Blues at Sharks
The San Jose Sharks are one win away from the first trip to the Stanley Cup final in franchise history and can punch their ticket with a victory over the visiting St. Louis Blues in Wednesday's Game 6. The Sharks pushed the Blues to the brink of elimination with a 6-3 win in St. Louis on Monday to seize a 3-2 lead in the best-of-7 series.
San Jose relied on a familiar formula to edge closer to advancing beyond the Western Conference final for the first time in four attempts -- a staunch power play and its No. 1 line anchored by captain Joe Pavelski. "You don't get this chance every day on home ice," Sharks forward Chris Tierney said of the possibility of wrapping up the series at the SAP Center. "Sometimes you might not get this chance in your career, or maybe once.

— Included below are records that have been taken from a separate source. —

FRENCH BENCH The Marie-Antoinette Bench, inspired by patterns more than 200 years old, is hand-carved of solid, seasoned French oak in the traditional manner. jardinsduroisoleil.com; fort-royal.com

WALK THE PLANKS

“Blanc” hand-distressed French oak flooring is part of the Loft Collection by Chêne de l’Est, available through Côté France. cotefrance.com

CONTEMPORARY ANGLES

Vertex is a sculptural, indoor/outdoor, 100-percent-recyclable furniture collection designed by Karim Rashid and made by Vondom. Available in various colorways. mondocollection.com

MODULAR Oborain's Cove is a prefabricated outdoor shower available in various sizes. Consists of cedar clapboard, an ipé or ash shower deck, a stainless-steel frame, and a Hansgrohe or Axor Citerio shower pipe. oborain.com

I think guys know that and they really want to take advantage of it." The Blues fell to 4-6 at home with Monday's loss, but they won Games 5 and 7 in Dallas in the second round and had their best performance of their series with a 6-3 victory in Game 4 at San Jose. "The realization is we win or we go home," St. Louis captain David Backes said. "That's how much onus we need to put on playing our best game of the series."

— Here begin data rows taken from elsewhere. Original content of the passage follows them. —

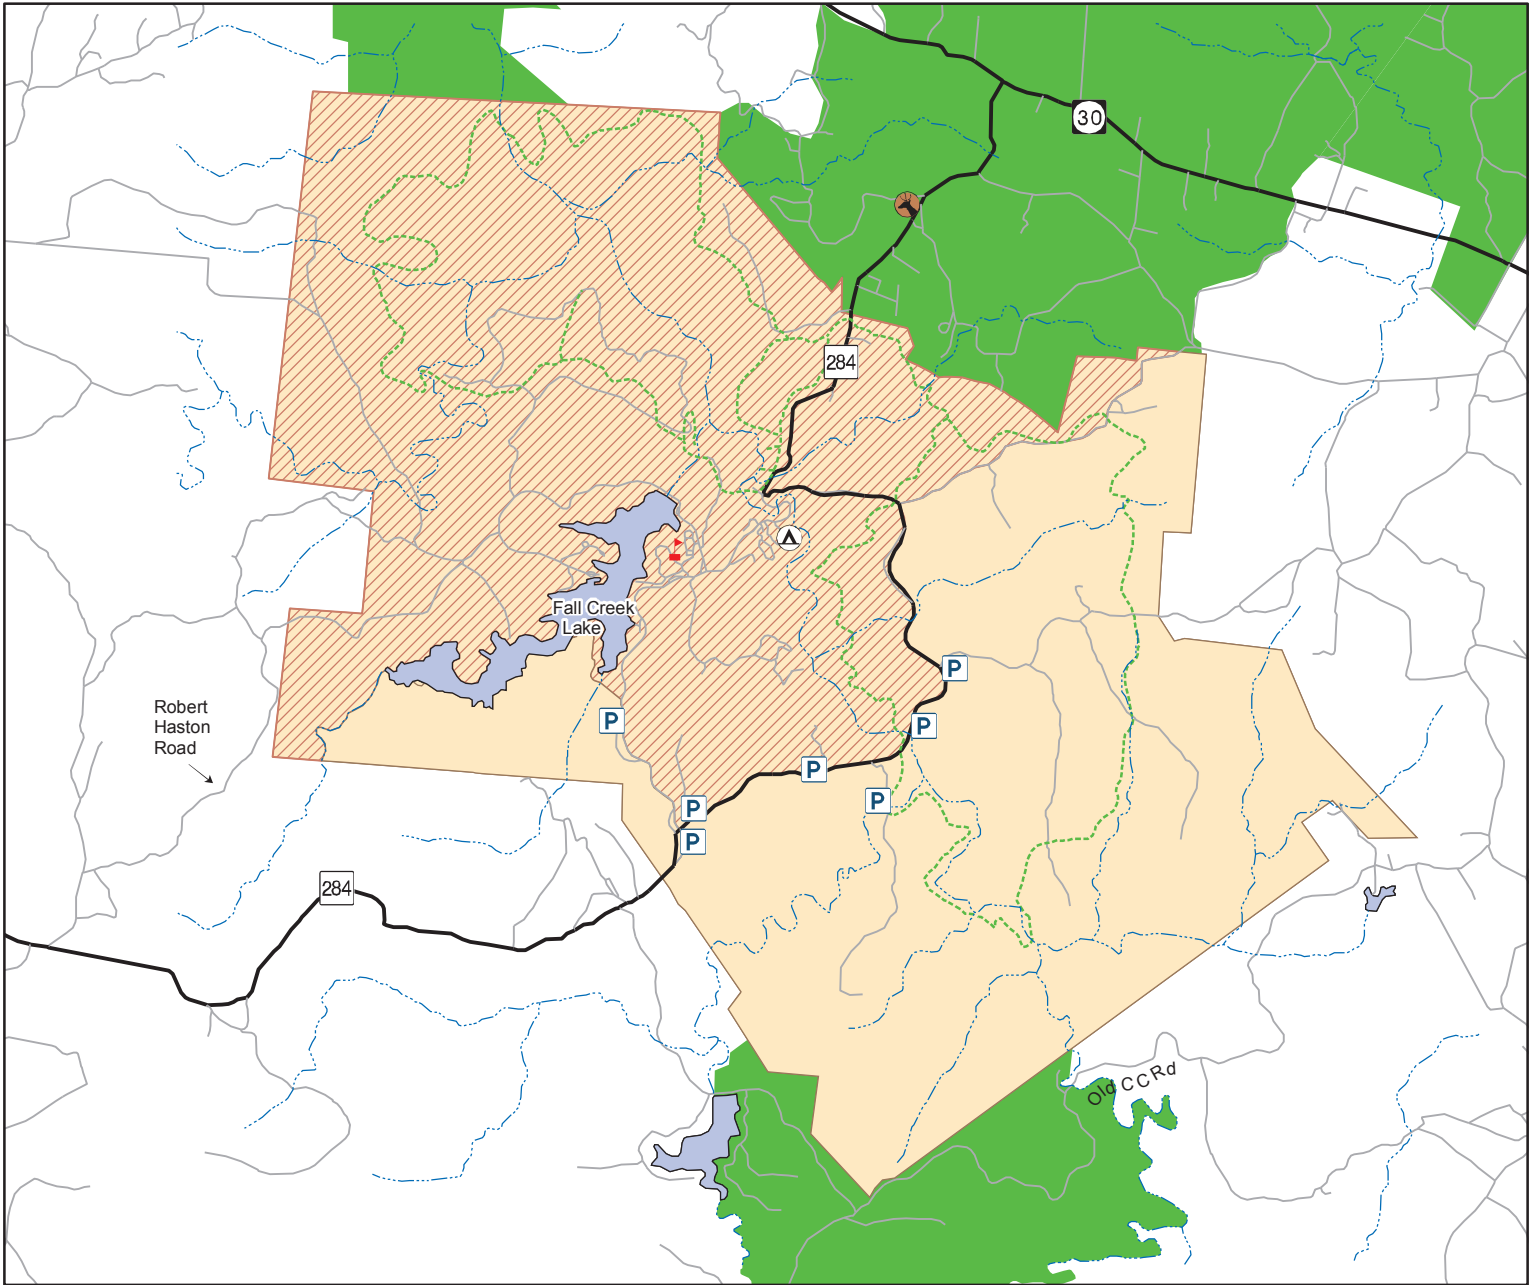

# Fall Creek Falls Wildlife Management Area

## Van Buren and Bledsoe Counties

- Wildlife Management Area (hunting allowed)
- No Hunting Allowed
- Other Management Areas
- trail
- parking
- park office
- check station
- camp ground

TV: 9 p.m. ET, NBCSN, CBC, TVAS
ABOUT THE BLUES: Coach Ken Hitchcock made a bold move prior to Game 4 and replaced goaltender Brian Elliott with Jake Allen - and he's hoping for a similar result in Wednesday's win-or-go-home Game 6 by turning back to Elliott, who was pulled in Game 3 after starting the first 17 games of the postseason. "We got the jolt we needed from Jake," Hitchcock said in explaining why he's going back to Elliott. "These are Brian's playoffs. We'd like to see him finish the job." What St. Louis really needs is some production from leading scorer Vladimir Tarasenko, who has failed to register a point in the series and has one goal -- an empty-netter -- in the last eight contests.

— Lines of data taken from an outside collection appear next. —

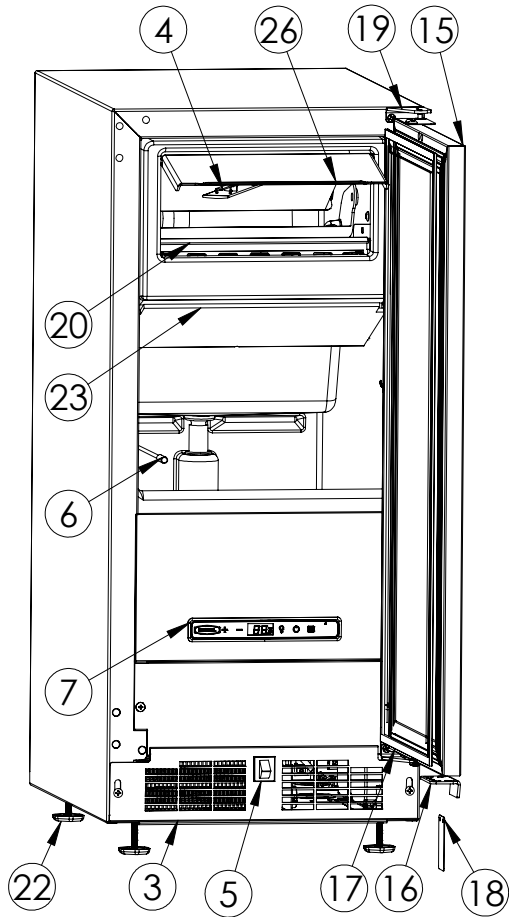

Service Parts List

marvelrefrigeration.com
616-754-5601

MLCL215-IS01B

ITEM	DESCRIPTION	MARVEL P/N
1	CONDENSER ASSEMBLY	S41013912
2	MAIN CONTROL BOARD KIT	90-54002-54
3	GRILLE	S41015692-BLK
4	LED STRIP WHITE	S68100
5	BLACK ROCKER LIGHT SWITCH	42246922
6	THERMISTOR ASSEMBLY	S68092
7	UI DISPLAY KIT-MARVEL	S68167-01
8	CONDENSER FAN MOTOR	42248161
9	CONDENSER FAN BLADE	42248160
10	CONDENSER SENSOR	90-54013-00
11	COMPRESSOR ASSEMBLY	90-54006-00
12	INVERTER-COMPRESSOR	90-54063-00
13	HOT GAS VALVE	42249497
14	EVAPORATOR ASSEMBLY	42249569
15	DOOR ASSEMBLY	90-54039-00
16	DOOR STOP	S41015708-BLK
17	DOOR GASKET	S31580-041
18	STRIKER PLATE	S41015709-BLK
19	HINGE KIT	90-54007-01
20	GRID CUTTER	42249542
21	GRID CUTTER TRANSFORMER	S41050610
22	LEG LEVELERS (4)	42243808
23	ICE DEFLECTOR	90-54113-00
24	ICE DEFLECTOR SERVICE KIT *	90-54000-00
25	POWER CORD *	S41050606
26	ICE MACHINE ACCESS DOOR	90-54004-00
27	WATER SUPPLY VALVE	S41014084
28	CIRCULATION PUMP	42242980
29	DRAIN VALVE	42249456
30	CORRUGATED HOSE	42249531
31	DRAIN PUMP CONVERSION KIT	42249508
32	DRAIN PUMP REPLACEMENT KIT	42249509
33	CLEAR ICE MACHINE CLEANER *	S41013789

* NOT PICTURED

ABOUT THE SHARKS: Pavelski is showing why he wears the "C" for San Jose, not only scoring a playoff-leading 12 goals but making them count -- he tied Game 5 by scoring late in the second period before putting the Sharks ahead to stay 16 seconds into the third with a highlight-reel deflection. "You think back to some of the best scorers ever," Sharks coach Peter DeBoer said. "His ability to get his stick on pucks in the offensive zone, in front of the net, different angles, is as good as anybody I've ever seen. But it's a great lesson. He works at it every day." Joe Thornton set up three goals Monday to tie teammate Logan Couture with a playoff-best 14 assists.
OVERTIME
1. The Sharks are 17-for-60 in the postseason with the man advantage.
2. Blues F Robby Fabbri is the leading rookie scorer in the playoffs with 15 points.
3. San Jose has never played more than six games in three appearances in the Western Conference final.